Information shown Block Start

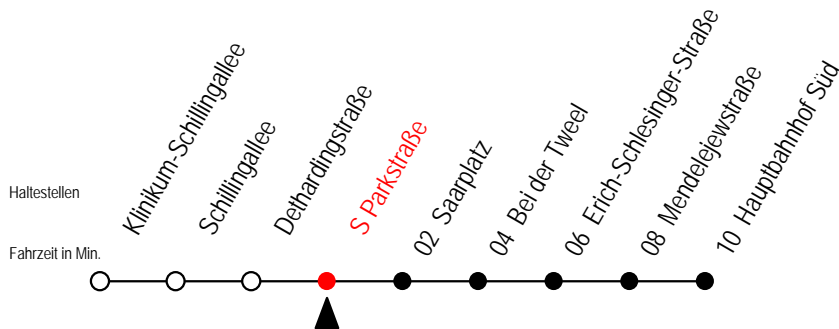

27 Dethardingstraße

Gültig ab 16.03.2020

Alle Angaben ohne Gewähr

Richtung: Hauptbahnhof Süd

Sonderfahrplan Corona - Pandemie

Uhr Montag - Freitag

Uhr Samstag

4	39	4	--
5	09 39	5	--
6	06 36	6	--
7	06 36	7	--
8	06 36	8	--
9	06 36	9	39
10	06 36	10	09 39
11	06 36	11	09 39
12	06 36	12	09 39
13	06 36	13	09 39
14	06 36	14	09 39
15	06 36	15	09 39
16	06 36	16	09 39
17	06 36	17	09 39
18	06 39	18	09 39
19	09 39	19	09 39
20	09	20	--

27 S Parkstraße

Gültig ab 16.03.2020

Alle Angaben ohne Gewähr

Richtung: Hauptbahnhof Süd

Sonderfahrplan Corona - Pandemie

Uhr Montag - Freitag

Uhr Samstag

4	41		4	--
5	11	41	5	--
6	08	38	6	--
7	08	38	7	--
8	08	38	8	--
9	08	38	9	40
10	08	38	10	10 40
11	08	38	11	10 40
12	08	38	12	10 40
13	08	38	13	10 40
14	08	38	14	10 40
15	08	38	15	10 40
16	08	38	16	10 40
17	08	38	17	10 40
18	08	41	18	10 40
19	11	41	19	10 40
20	11		20	--

27 Saarplatz

Gültig ab 16.03.2020

Alle Angaben ohne Gewähr

Richtung: Hauptbahnhof Süd

Sonderfahrplan Corona - Pandemie

Uhr Montag - Freitag

Uhr Samstag

4	42	4	--
5	12 42	5	--
6	09 39	6	--
7	09 39	7	--
8	09 39	8	--
9	09 39	9	42
10	09 39	10	12 42
11	09 39	11	12 42
12	09 39	12	12 42
13	09 39	13	12 42
14	09 39	14	12 42
15	09 39	15	12 42
16	09 39	16	12 42
17	09 39	17	12 42
18	09 42	18	12 42
19	12 42	19	12 42
20	12	20	--
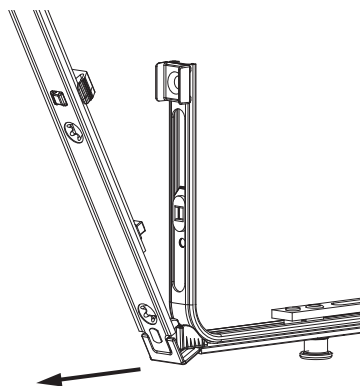

Tabella posizionamento viti

Nº		1	2	3	4	5	6	7	8	9	10	11	12	13	14	15	16
221907	13	18,5	91,5	303,5	350	477	630	738,5	784,5	896	950	1.150	1.409	1.455			

Schema di tranciatura

221907 - Asta a leva Multi Matic per cava ferramenta fix 1950 per 3 funghi HBB 1.701-1.950 HM 1.050 argento

Collegamento a clips

Agganciare collegamenta a clips

①

②

Sganciare collegamento clips

①

②

③

221907 - Asta a leva Multi Matic per cava ferramenta fix 1950 per 3 funghi HBB 1.701-1.950 HM 1.050 argento

Collegamento scarpetta dentata

Montaggio

Attenzione: Secondo il profilo utilizzare possibilmente viti lunghe!

Information shown Block End

What the exercise asks: Restate the entries verbatim, without pictures.

Response box:
27 Dethardingstraße

Gültig ab 16.03.2020

Alle Angaben ohne Gewähr

Richtung: Hauptbahnhof Süd

Sonderfahrplan Corona - Pandemie

Uhr Montag - Freitag

Uhr Samstag

4	39	4	--
5	09 39	5	--
6	06 36	6	--
7	06 36	7	--
8	06 36	8	--
9	06 36	9	39
10	06 36	10	09 39
11	06 36	11	09 39
12	06 36	12	09 39
13	06 36	13	09 39
14	06 36	14	09 39
15	06 36	15	09 39
16	06 36	16	09 39
17	06 36	17	09 39
18	06 39	18	09 39
19	09 39	19	09 39
20	09	20	--

27 S Parkstraße

Gültig ab 16.03.2020

Alle Angaben ohne Gewähr

Richtung: Hauptbahnhof Süd

Sonderfahrplan Corona - Pandemie

Uhr Montag - Freitag

Uhr Samstag

4	41		4	--
5	11	41	5	--
6	08	38	6	--
7	08	38	7	--
8	08	38	8	--
9	08	38	9	40
10	08	38	10	10 40
11	08	38	11	10 40
12	08	38	12	10 40
13	08	38	13	10 40
14	08	38	14	10 40
15	08	38	15	10 40
16	08	38	16	10 40
17	08	38	17	10 40
18	08	41	18	10 40
19	11	41	19	10 40
20	11		20	--

27 Saarplatz

Gültig ab 16.03.2020

Alle Angaben ohne Gewähr

Richtung: Hauptbahnhof Süd

Sonderfahrplan Corona - Pandemie

Uhr Montag - Freitag

Uhr Samstag

4	42	4	--
5	12 42	5	--
6	09 39	6	--
7	09 39	7	--
8	09 39	8	--
9	09 39	9	42
10	09 39	10	12 42
11	09 39	11	12 42
12	09 39	12	12 42
13	09 39	13	12 42
14	09 39	14	12 42
15	09 39	15	12 42
16	09 39	16	12 42
17	09 39	17	12 42
18	09 42	18	12 42
19	12 42	19	12 42
20	12	20	--

Tabella posizionamento viti

Nº		1	2	3	4	5	6	7	8	9	10	11	12	13	14	15	16
221907	13	18,5	91,5	303,5	350	477	630	738,5	784,5	896	950	1.150	1.409	1.455			

Schema di tranciatura

221907 - Asta a leva Multi Matic per cava ferramenta fix 1950 per 3 funghi HBB 1.701-1.950 HM 1.050 argento

Collegamento a clips

Agganciare collegamenta a clips

①

②

Sganciare collegamento clips

①

②

③

221907 - Asta a leva Multi Matic per cava ferramenta fix 1950 per 3 funghi HBB 1.701-1.950 HM 1.050 argento

Collegamento scarpetta dentata

Montaggio

Attenzione: Secondo il profilo utilizzare possibilmente viti lunghe!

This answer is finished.